__EXERCISE__. The listing below contains a span that opens with the line containing "Spirocom units and" and closes with the line containing "New Spirocoms has". Return that span exactly.

__DATA EXTRACTS__.
============
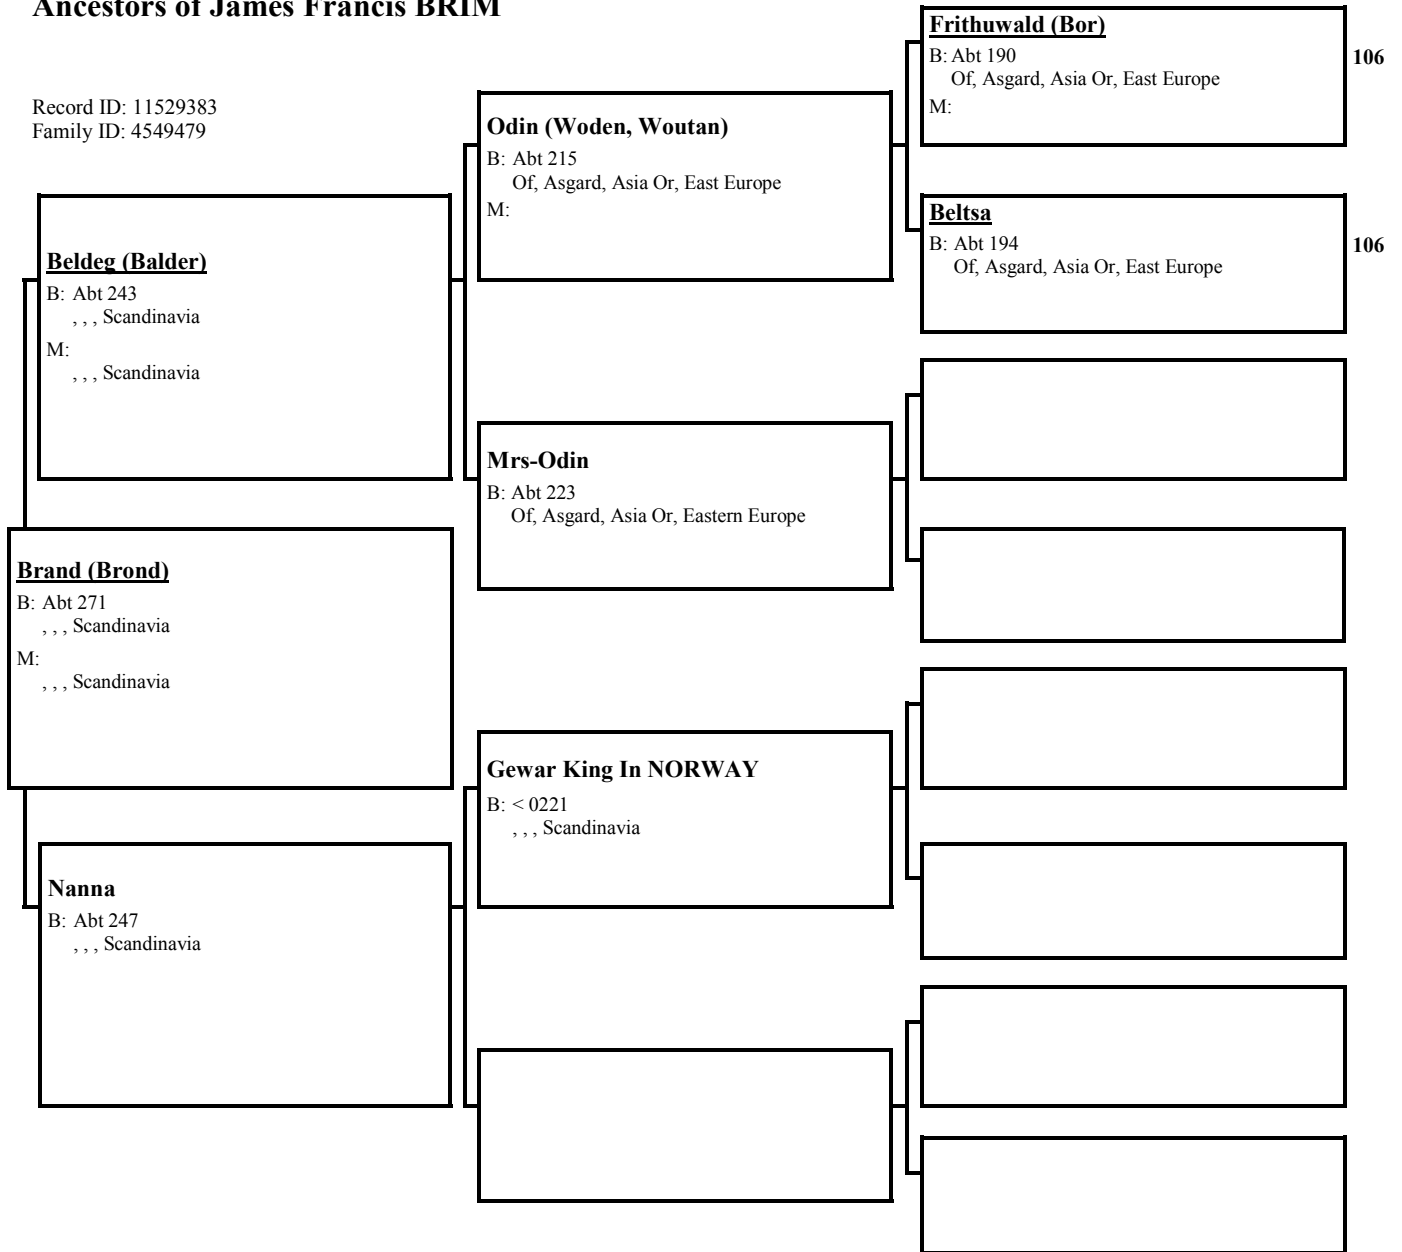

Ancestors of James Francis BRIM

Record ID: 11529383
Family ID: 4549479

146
============
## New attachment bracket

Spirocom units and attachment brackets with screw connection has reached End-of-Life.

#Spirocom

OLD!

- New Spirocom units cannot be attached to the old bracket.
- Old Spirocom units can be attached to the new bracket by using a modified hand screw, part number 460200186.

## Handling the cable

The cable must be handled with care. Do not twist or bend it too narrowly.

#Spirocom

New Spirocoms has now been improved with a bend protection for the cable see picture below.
============
__WRITTEN RESPONSE__.
Spirocom units and attachment brackets with screw connection has reached End-of-Life.

#Spirocom

OLD!

- New Spirocom units cannot be attached to the old bracket.
- Old Spirocom units can be attached to the new bracket by using a modified hand screw, part number 460200186.

## Handling the cable

The cable must be handled with care. Do not twist or bend it too narrowly.

#Spirocom

New Spirocoms has now been improved with a bend protection for the cable see picture below.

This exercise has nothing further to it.